For mask generation, there is really not much reason to use AI. In this example, simple stochastic blob detection, a trivial function you could get from openCV or ask a college sophomore to write would generate much better quality masks.

palashshah•11mo ago
totally agreed here. i think my goal primarily with the mask generation was to test out how effective openai's capabilities were.

we're currently working on pipelines that limit the the involvement of AI to various tasks. for example, when generating an ad there's usually logo, some banner text, and background image.
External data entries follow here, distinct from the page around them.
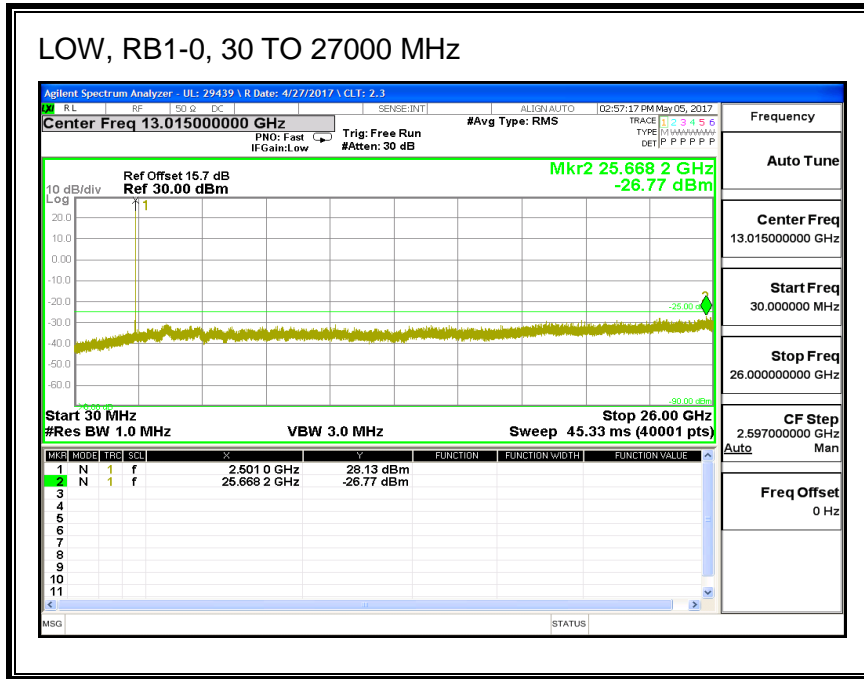

8.3.4. LTE BAND 7

QPSK, (5.0 MHz BAND WIDTH)

16QAM, (5.0 MHz BAND WIDTH)

QPSK, (10.0 MHz BAND WIDTH)

16QAM, (10.0 MHz BAND WIDTH)

QPSK, (15.0 MHz BAND WIDTH)

16QAM, (15.0 MHz BAND WIDTH)

QPSK, (20.0 MHz BAND WIDTH)

16QAM, (20.0 MHz BAND WIDTH)

8.3.5. LTE BAND 12

QPSK, (1.4 MHz BAND WIDTH)

16QAM, (1.4 MHz BAND WIDTH)

QPSK, (3.0 MHz BAND WIDTH)

16QAM, (3.0 MHz BAND WIDTH)

QPSK, (5.0 MHz BAND WIDTH)

16QAM, (5.0 MHz BAND WIDTH)

QPSK, (10.0 MHz BAND WIDTH)

HIGH, RB1-0, 30 TO 10000 MHz

16QAM, (10.0 MHz BAND WIDTH)

LOW, RB1-0, 30 TO 10000 MHz

8.3.6. LTE BAND 13

QPSK, (5.0 MHz BAND WIDTH)

16QAM, (5.0 MHz BAND WIDTH)

QPSK, (10.0 MHz BAND WIDTH)

we can use gpt-image-1 to generate the background image, another LLM to identify the coordinates of where we place the logo, and just add the logo onto the image. this is just one example!

jackphilson•11mo ago
Why do you agree? I think we should outsource as much as we can to abstraction. We've been doing it forever.
dandelany•11mo ago
"Simple stochastic blob detection" is an abstraction. You write (or import) a function where the the gnarly logic lives and call `detectBlobs()`. "Use an abstraction" doesn't mean you should use the same abstraction for every task, you should use the right tool for the job.
mentalgear•11mo ago
Again another example of "the unreasonable effectiveness of LLMs in a loop". At with time, the tasks for loop become bigger and more complex, until we find ourselves "outlooped" at least job wise.
ramoz•11mo ago
Nice retrospective but I guess this process is no longer needed as model's get better; esp as they start enabling features like consistent subjects. Seems like a lot of overhead to correct text for inspirational images, but I can imagine you need to always present some form of _quality_ to your clients.

Feel like control nets and some minimal photoshop work would've been better.

palashshah•11mo ago
totally. it got to a point where most of the text generated in our images was incorrect, and so it wasn't a great look showing that to our clients.

we're actually working on some form of what you described where we take images generated from LLMs + add consistent logos discretely rather than generatively.

abshkbh•11mo ago
Palash this is a great post, I learnt a lot as an image gen noob! Keep writing more :)
palashshah•11mo ago
this is incredible to hear! i plan to keep writing on a weekly basis, and will be posting them on twitter.
t_mann•11mo ago
I was kind of hoping this would be in the 'Dreambooth mold' of finetuning open weights models. I have used that with some success some ~2 years ago, does anyone know what improvements there have been in that direction since Dreambooth?
zahlman•11mo ago
It's frankly amazing to me that "ask another LLM to evaluate the image" actually produces useful feedback that results in actual improvement from the first LLM.

But then, I guess it's not much different of an idea from the earlier use of GANs, or of telling LLMs to "stop hallucinating", etc.

palashshah•11mo ago
totally. the way i think about it (purely based on intuition) is that asking an LLM to do understanding + image generation is too complex for it to be effective. if we separate out the tasks into discrete steps, the evaluation becomes better, and the generation simply becomes instruction following.
jacob019•11mo ago
This is all edited with gpt-image-1? The revised images are amazing. Were example logos provided or is it just working off of it's knowledge of a well known brand?